Dataset records
********

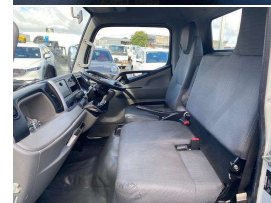

2018 Mitsubishi Canter 3165kg Car license

VEHICLE INFORMATION

Cash Price

Includes GST,
Registration &
Licensing

\$39,990

Finance may be
available on this
vehicle.
Ask one of our
friendly staff for
more information.

Gain peace of mind
with Mechanical
Breakdown Insurance.
Ask us how.

Body
Truck - Flat Deck

Odometer
63,118 km

Engine
3000 cc

Fuel Type
Diesel

Transmission
MT5

Wheels
-

VIN
-
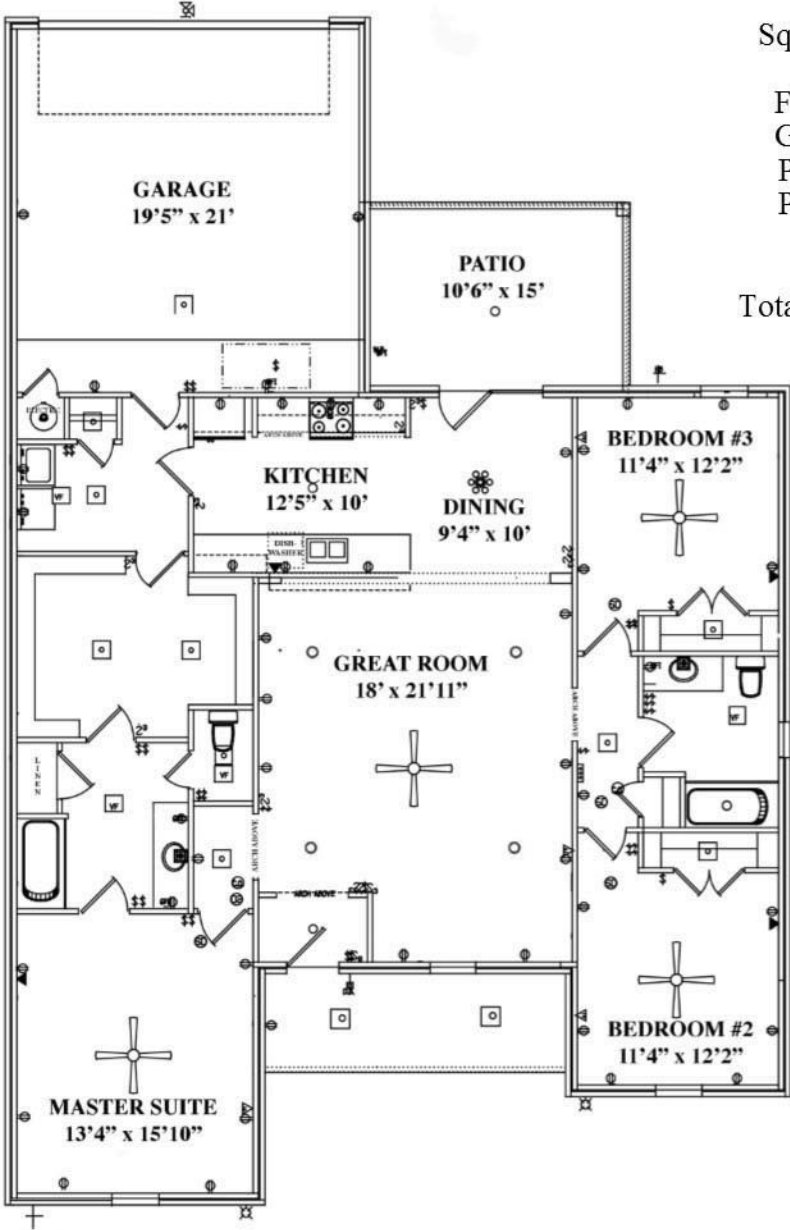

## The **VAIL**

+/- 1772 sq. ft.

*"Through Wisdom a House is Built, and by Understanding it is Established." Proverbs 24:3*

### Square Footage Legend:

First Floor	1772
Garage	453
Patio	153
Porch	33

Total Under Roof 2411

Robbie Christie - Builder 681-819

[nandbhomes.com](http://nandbhomes.com)

(Prices, room sizes and sq. ft. may vary and are subject to change.)
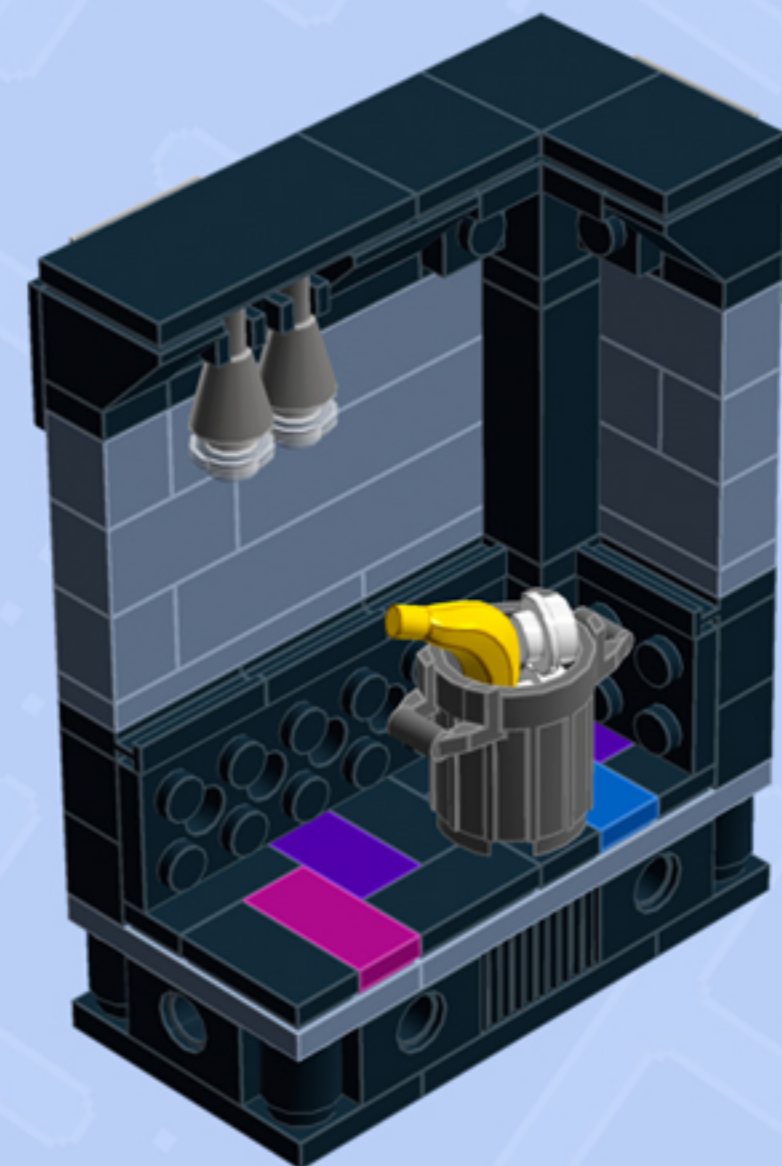

MODULAR
Arcade

CORNER UNIT 4X8

A LEGO® project by Chris McVeigh
chrismcveigh.com

Element ID	Color	Description	Quantity
4616245	Black	Angle Plate 1X2 / 2X4	2
6000650	Black	Angular Plate 1.5 Bot. 1X2 2/2	4
300526	Black	Brick 1X1	4
4558954	Black	Brick 1X1 W. 1 Knob	2
6065496	Black	Brick 1X1X3	1
6138173	Black	Brick 1X2 W. 2 Knobs	2
301026	Black	Brick 1X4	2
300326	Black	Brick 2X2	2
4121715	Black	Connector Peg W. Friction	3
242026	Black	Corner Plate 1X2X2	3
307026	Black	Flat Tile 1X1	3
306926	Black	Flat Tile 1X2	5
416226	Black	Flat Tile 1X8	4

Element ID	Color	Description	Quantity
306826	Black	Flat Tile 2X2	3
4560182	Black	Flat Tile 2X4	1
302426	Black	Plate 1X1	6
4550017	Black	Plate 1X1 W. Holder	2
302326	Black	Plate 1X2	11
6092585	Black	Plate 1X2 W. 1 Knob	1
4107761	Black	Plate 1X2 With Slide	4
371026	Black	Plate 1X4	3
302226	Black	Plate 2X2	2
302026	Black	Plate 2X4	1
3200126	Black	Plate 2X6 W. Holes	1
287726	Black	Profile Brick 1X2	2
366526	Black	Roof Tile 1X2 Inv.	2

Element ID	Color	Description	Quantity
366026	Black	Roof Tile 2X2/45 Inv.	1
306226	Black	Round Brick 1X1	4
6073231	Black	Single Bush 2M Ø4,9	1
370026	Black	Technic Brick 1X2, Ø4.9	4
4206330	Bright Blue	Flat Tile 1X1	1
306923	Bright Blue	Flat Tile 1X2	1
407021	Bright Red	Angular Brick 1X1	1
6063445	Bright Red	Flat Tile 1X1, Round	1
6102138	Bright Red	Flat Tile 2X2 Round W. Hole Ø4.85	1
6099364	Bright Reddish Violet	Flat Tile 1X1	1
4611415	Bright Reddish Violet	Flat Tile 1X2	1
4114584	Bright Yellow	Banana	1
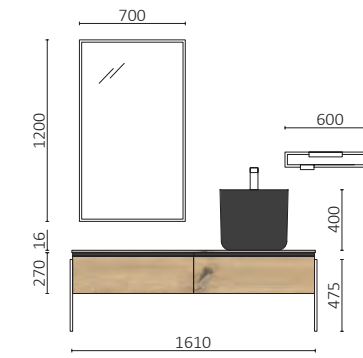

P.228

SPIRIT 1600/L MONTANA OAK

		£
119345	Wall hung storage unit SPIRIT 800 Montana Oak x 2	856
90993	Handle SPIRIT 800 Matt black x 2	52
120063	Bespoken top 1401 - 1800 Montana Oak	317
114524	MONOLITH SQUARE Matt black	593
FULL PRICE		1818
103364	Mirror MITO LINE 1200 Black	744
103973	Bottle trap POSYX Chrome brass	62
114578	Clicker valve CERAX Matt black	41
97721	Metal structure LOW LLOYD Matt black x 2	456
97710	Coupling LLOYD VANITY Matt black x 4	248
97675	Metal front LLOYD 600 Matt black	178
97665	Hook LLOYD Matt black	53
97666	Shelf LLOYD 220 Matt black	104
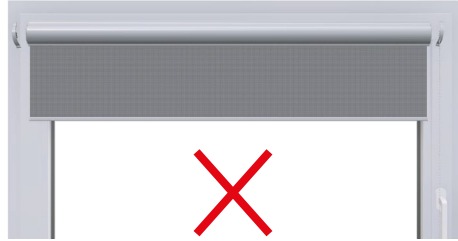

# Alu Vegas Profile roller shutter - invasive installation

1.

2.

3.

4.

5.

5min

6.
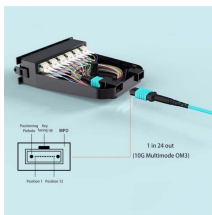

Satisfying the power distribution needs for different scenarios is possible with our custom racks and cabinets. Our factory has an ISO9001 certificate and all of our racks go through strict inspections.
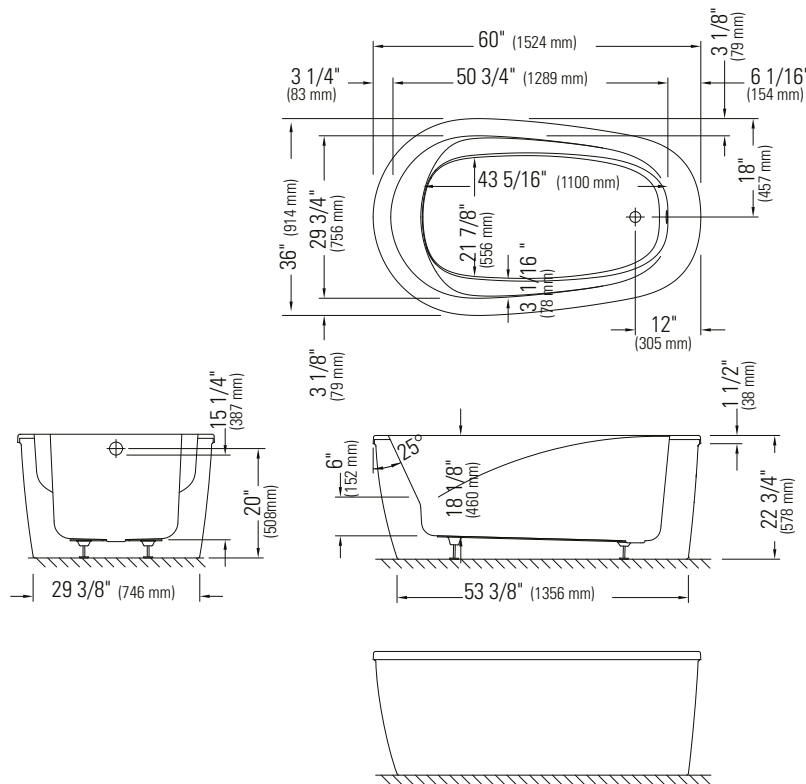

VAPORA F2 3660

60" x 36" x 22 3/4" Bath

COLORS	DRAIN POSITION(S)	SIZE(S)
Biscuit	End	60 x 36
Black		66 x 36
White		72 x 36
White and Biscuit		
White and Black		

FEATURES

- Acrylic surface resistant to stains and discoloration
- High-gloss finish adds luxurious look to your bathroom
- 2-piece bathtub for an easy installation
- Freestanding bathtub that allows more flexibility
- Available in end drain configuration to fit your specific bathroom layout
- Comes with leveling legs for ease of installation
- Acrylic thermoformed and reinforced with fiberglass
- Ample deck space for faucet installation
- Warranty: Limited lifetime

ATTRIBUTES

- Installation Type : Freestanding
- Above-the-Floor Rough : No
- Material : Acrylic
- Residential Warranty : Lifetime

Produits Neptune

VAPORA F2 3660

*A bathtub fitted with back jets can cause the pump to protrude by approximately 3" from the overall dimension.

**All dimensions are approximate and subject to change without notice. Please refer to the installation guide before beginning the installation

TECHNICAL SPECIFICATIONS

60" x 36" x 22 3/4" Bath

DIMENSIONS

PRODUCT LENGTH	BATHING WELL LENGTH	PRODUCT WIDTH	BATHING WELL WIDTH	PRODUCT HEIGHT
60"	43.3175"	36"	21 7/8"	22 3/4"
DEEP SUMP HEIGHT	THRESHOLD WIDTH	DECK WIDTH	SKIRT HEIGHT	WEIGHT
15 1/4"	3 1/8"	6 1/16"	21 1/4"	96 Lbs
DRAIN CLEARANCE	SHIPPING LENGTH	SHIPPING WIDTH	SHIPPING HEIGHT	
1"	67"	36 1/2"	24 1/2"	
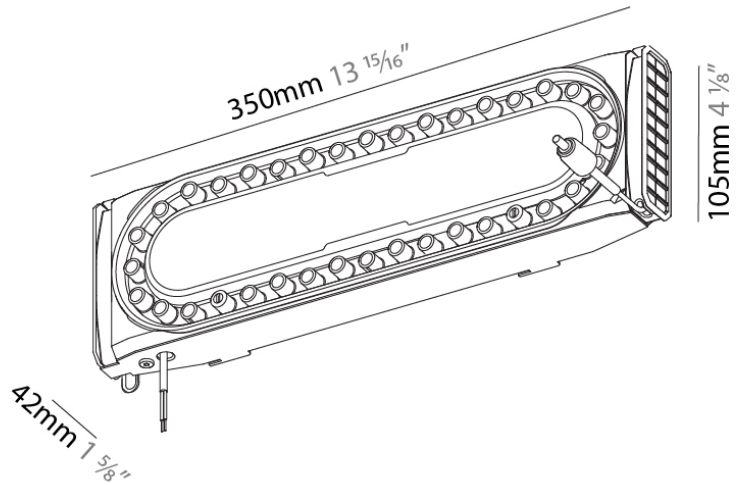

A3GB-SUS-SYS COMPONENTS

PROJECT
TYPE
NOTES
QUANTITY
DATE

A38954

DESCRIPTION
Mechanical Gravity Lift for G-Board

GENERAL
Series: Snooker
Subseries: Snooker G-Board for Gravity Lift
Brand: Prolicht
Division: Architectural

PHYSICAL
Shape: Rectangle
Length (mm): 350
Length (in): 13 3/4
Width (mm): 42
Width (in): 1 5/8
Height (mm): 105
Height (in): 4 1/8
Fixture Material: Aluminum

RATINGS AND CERTIFICATIONS
Certified By: Certified for North American Standards
IP rating: IP20
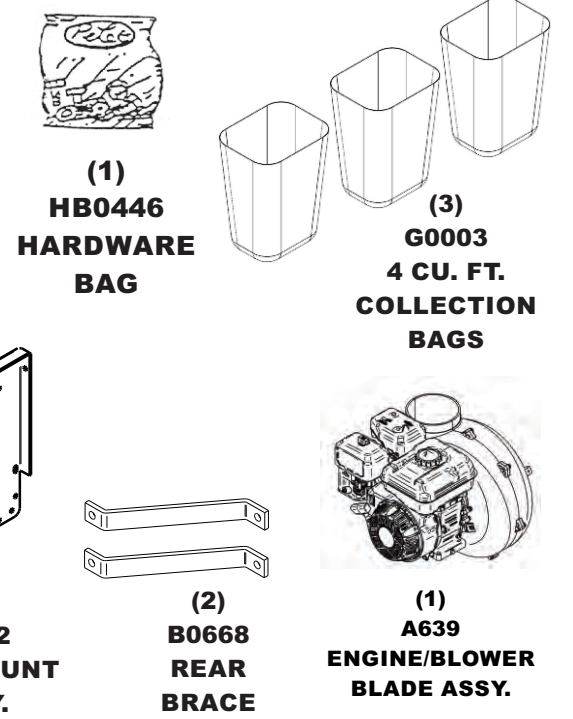

6.5HP BRIGGS & STRATTON VANGUARD ENGINE

FOR YEAR: 2008-2012

REVISED: 12/4/13

A1802 UNIT ASSEMBLY

A0619 THROTTLE KIT

A1729 WEIGHT KIT

A1800 BOOT KIT
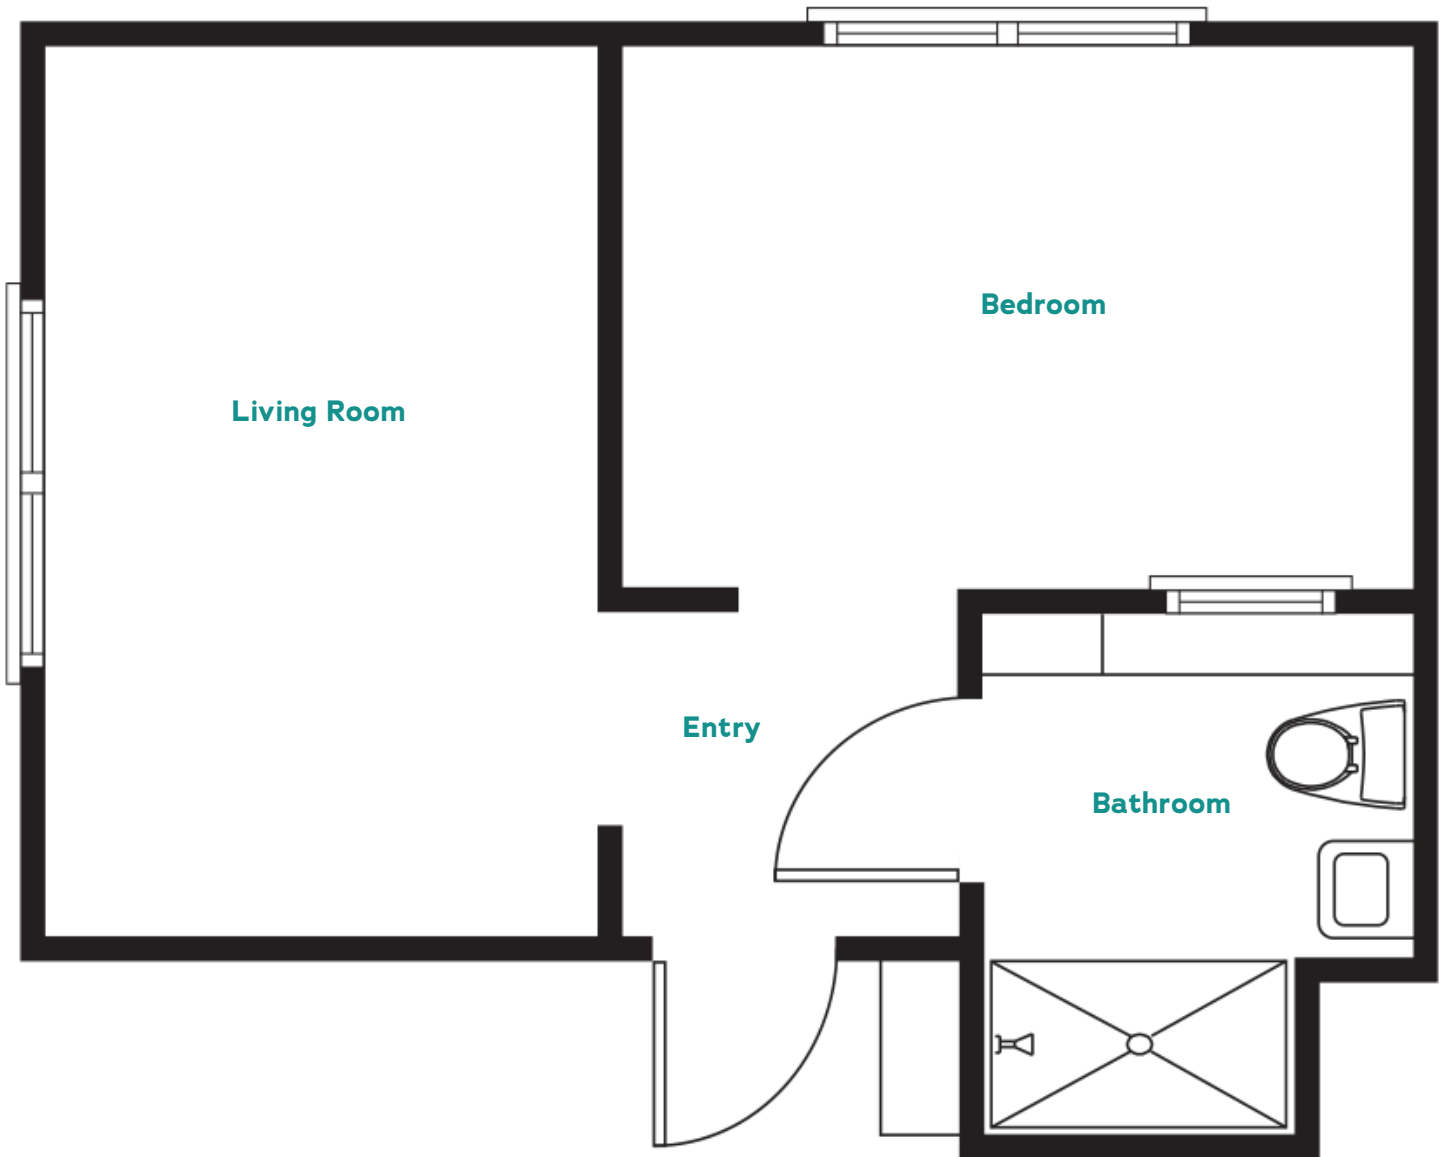

# Two-room Suite

1 Bed / 1 Bath | 401 sq. ft.

General (864) 599-8600 | [rosecrest.org](http://rosecrest.org)

Floor plans may vary slightly. Not drawn to scale.

RoseCrest

# Two-room Suite

1 Bed / 1 Bath | 401 sq. ft.

General (864) 599-8600 | [rosecrest.org](http://rosecrest.org)

Floor plans may vary slightly. Not drawn to scale.

********

Task directions –
Say how many lines of the records include the word "Warranty", and give nothing but the number.

Response box –
2